Top of Supplied records

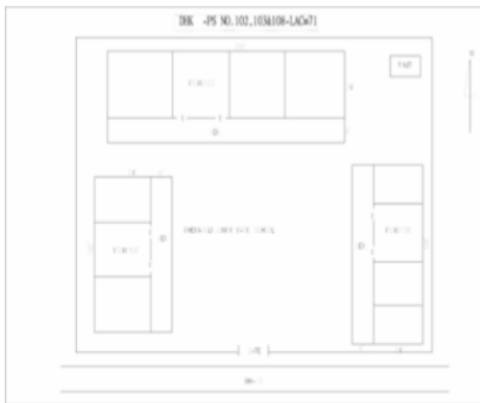

নিৰ্বাচক পঞ্জীয়ন বিষয়াৰ স্বাক্ষৰ

Nazri Naksha

Google Map View

Polling Station Building Front View

ভোটগ্ৰহন কেন্দ্ৰৰ সন্মুখৰ দৃশ্য

Cad View

Key MAP View

1 নাম : তনয়ী দেৱী পিতাৰ নাম: কাৰ্তিক নাথ ঘৰ নং : 8 বয়স : 26 লিঙ্গ : মহিলা	CFN1184845 ফটো উপলব্ধ	2 নাম : দৃষ্টি দেৱী পিতাৰ নাম: কাৰ্তিক চন্দ্ৰ নাথ ঘৰ নং : 4 বয়স : 22 লিঙ্গ : মহিলা	QGW0173401 ফটো উপলব্ধ	3 নাম : তপন সেন গুপ্ত পিতাৰ নাম: মনোৰঞ্জন সেনগুপ্ত ঘৰ নং : 5 বয়স : 53 লিঙ্গ : পুৰুষ	CFN1142796 ফটো উপলব্ধ
4 নাম : অজয় চুবৰ পিতাৰ নাম: দীনবন্ধু চবৰ ঘৰ নং : 8 বয়স : 28 লিঙ্গ : পুৰুষ	CFN1514470 ফটো উপলব্ধ	5 নাম : জয়তী চৌধুৰী স্বামীৰ নাম: সুমন চৌধুৰী ঘৰ নং : 12 বয়স : 38 লিঙ্গ : মহিলা	CFN0002164 ফটো উপলব্ধ	# 6 নাম : সিদ্ধি তা দাস পিতাৰ নাম: মুণাল কান্তি দাস ঘৰ নং : 79 বয়স : 23 লিঙ্গ : মহিলা	CFN1185297 ফটো উপলব্ধ
7 নাম : তপন দাস পিতাৰ নাম: সুধীৰ চন্দ্ৰ দাস ঘৰ নং : 15 বয়স : 68 লিঙ্গ : পুৰুষ	CFN1034577 ফটো উপলব্ধ	8 নাম : সুশান্তি দাস স্বামীৰ নাম: তপন দাস ঘৰ নং : 15 বয়স : 59 লিঙ্গ : মহিলা	CFN1034588 ফটো উপলব্ধ	9 নাম : মন মিতা ৰায় স্বামীৰ নাম: চন্দন ৰায় ঘৰ নং : 46 বয়স : 46 লিঙ্গ : মহিলা	CFN1037678 ফটো উপলব্ধ
10 নাম : ৰিংকী দাস পিতাৰ নাম: তপন দাস ঘৰ নং : 15 বয়স : 38 লিঙ্গ : মহিলা	CFN7616220 ফটো উপলব্ধ	11 নাম : চুমি দাস পিতাৰ নাম: তপন দাস ঘৰ নং : 15 বয়স : 26 লিঙ্গ : মহিলা	CFN1271113 ফটো উপলব্ধ	12 নাম : অবন্তিকা ৰায় মাতৃৰ নাম: মন মিতা ৰায় ঘৰ নং : 15 বয়স : 20 লিঙ্গ : মহিলা	QGW0115006 ফটো উপলব্ধ
13 নাম : নন্দিনী কিচান পিতাৰ নাম: জুগনু কিচান ঘৰ নং : 16 বয়স : 24 লিঙ্গ : মহিলা	CFN7577075 ফটো উপলব্ধ	14 নাম : আকাশ তান্তি পিতাৰ নাম: বেণু তান্তি ঘৰ নং : 19 বয়স : 27 লিঙ্গ : পুৰুষ	CFN1644442 ফটো উপলব্ধ	15 নাম : সুভাষ চন্দ্ৰ দাস পিতাৰ নাম: মনিন্দ্ৰ চন্দ্ৰ দাস ঘৰ নং : 19 বয়স : 69 লিঙ্গ : পুৰুষ	CFN1039094 ফটো উপলব্ধ
16 নাম : উমা ভাওৱাল দাস স্বামীৰ নাম: সুভাষ চন্দ্ৰ দাস ঘৰ নং : 15 বয়স : 57 লিঙ্গ : মহিলা	CFN1039107 ফটো উপলব্ধ	17 নাম : সুসমা পিতাৰ নাম: সুভাষ চন্দ্ৰ দাস ঘৰ নং : 19 বয়স : 34 লিঙ্গ : মহিলা	CFN2358192 ফটো উপলব্ধ	18 নাম : সুপৰ্ণা দাস পিতাৰ নাম: সুভাষ চন্দ্ৰ দাস ঘৰ নং : 19 বয়স : 32 লিঙ্গ : মহিলা	CFN2358158 ফটো উপলব্ধ
19 নাম : অঙ্কিতা দাস পিতাৰ নাম: সুভাষ চন্দ্ৰ দাস ঘৰ নং : 15 বয়স : 27 লিঙ্গ : মহিলা	CFN0169904 ফটো উপলব্ধ	20 নাম : তামান্না বিশ্বাস পিতাৰ নাম: প্ৰদীপ বিশ্বাস ঘৰ নং : 25 বয়স : 22 লিঙ্গ : মহিলা	CFN1561281 ফটো উপলব্ধ	21 নাম : প্ৰদীপ বিশ্বাস পিতাৰ নাম: শান্তিপদ বিশ্বাস ঘৰ নং : 30 বয়স : 58 লিঙ্গ : পুৰুষ	CFN1035014 ফটো উপলব্ধ
22 নাম : দেব বিশ্বাস স্বামীৰ নাম: প্ৰদীপ বিশ্বাস ঘৰ নং : 30 বয়স : 54 লিঙ্গ : মহিলা	CFN1035025 ফটো উপলব্ধ	23 নাম : তুহিনা বিশ্বাস পিতাৰ নাম: প্ৰদীপ বিশ্বাস ঘৰ নং : 30 বয়স : 27 লিঙ্গ : মহিলা	CFN0169524 ফটো উপলব্ধ	24 নাম : তৃষ্ণা বিশ্বাস পিতাৰ নাম: প্ৰদীপ বিশ্বাস ঘৰ নং : 30 বয়স : 27 লিঙ্গ : মহিলা	CFN0322289 ফটো উপলব্ধ
25 নাম : সুদেৱ দাস পিতাৰ নাম: প্ৰানকৃষ্ণ দাস ঘৰ নং : 39 বয়স : 45 লিঙ্গ : পুৰুষ	CFN1035285 ফটো উপলব্ধ	26 নাম : চুমকী কৰ দাস স্বামীৰ নাম: সুদেৱ দাস ঘৰ নং : 37 বয়স : 34 লিঙ্গ : মহিলা	QGW0127258 ফটো উপলব্ধ	27 নাম : বাসুদেৱ ৰাওনিয়াৰ পিতাৰ নাম: বালেশ্বৰ ৰাওনিয়াৰ ঘৰ নং : 86 বয়স : 62 লিঙ্গ : পুৰুষ	CFN1140839 ফটো উপলব্ধ
28 নাম : ৰামজী গুপ্তা পিতাৰ নাম: বাসুদেৱ গুপ্তা ঘৰ নং : 86 বয়স : 25 লিঙ্গ : পুৰুষ	CFN1174325 ফটো উপলব্ধ	29 নাম : ভাৰত গুপ্তা পিতাৰ নাম: বাসুদেৱ গুপ্তা ঘৰ নং : 86 বয়স : 23 লিঙ্গ : পুৰুষ	CFN1124817 ফটো উপলব্ধ	S2 30 নাম : ৰাজীৱ গোপ পিতাৰ নাম: চিত্ৰঞ্জন গোপ ঘৰ নং : 86 বয়স : 27 লিঙ্গ : পুৰুষ	CFN7603194 ফটো উপলব্ধ
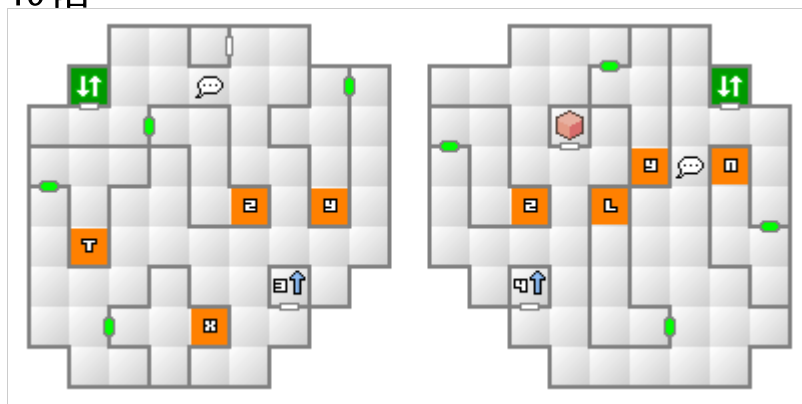

デビルサマナー ソウルハッカーズ マップリスト

目次

VR パーク.....	3
アルゴン本社.....	4
天海モノリス.....	6
二上門地下.....	11
次幻の回廊.....	15
シーアーク.....	17

VR パーク

イベントドア

入り口付近：特定時期のみ進入可能

中央付近：新月時のみ通過可能

トレジャー

天海モノリス

1階

トレジャー

2階

3階

19階

20 階

21 階

37 階

38 階

39階

トレジャー

中央部下

中央部上

二上門地下

地下1
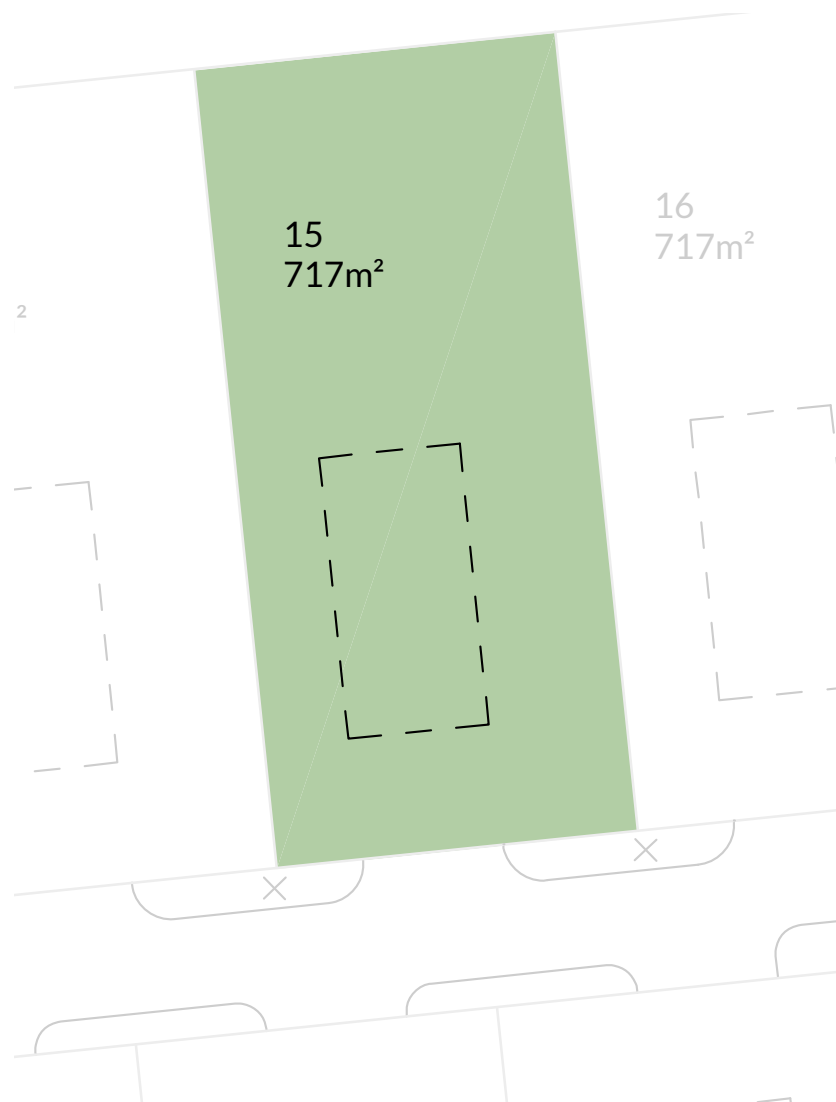

1:375

# Rezidence Točná

Praha 12

Pozemek 15

717 m<sup>2</sup>

Názvy, popisy a plošné výměry jsou orientační a developer si vyhrazuje právo na jednostranné změny.

[www.maverick.cz](http://www.maverick.cz)

**MAVERICK**  
GROUP

Bottom of Supplied records

- [Task prompt]: The answer should consist only of the lines from the line containing "[www.maverick.cz](http://www.maverick.cz)" through the final line of the listing above, reproduced exactly.

- [Solution to this problem]:
[www.maverick.cz](http://www.maverick.cz)

**MAVERICK**  
GROUP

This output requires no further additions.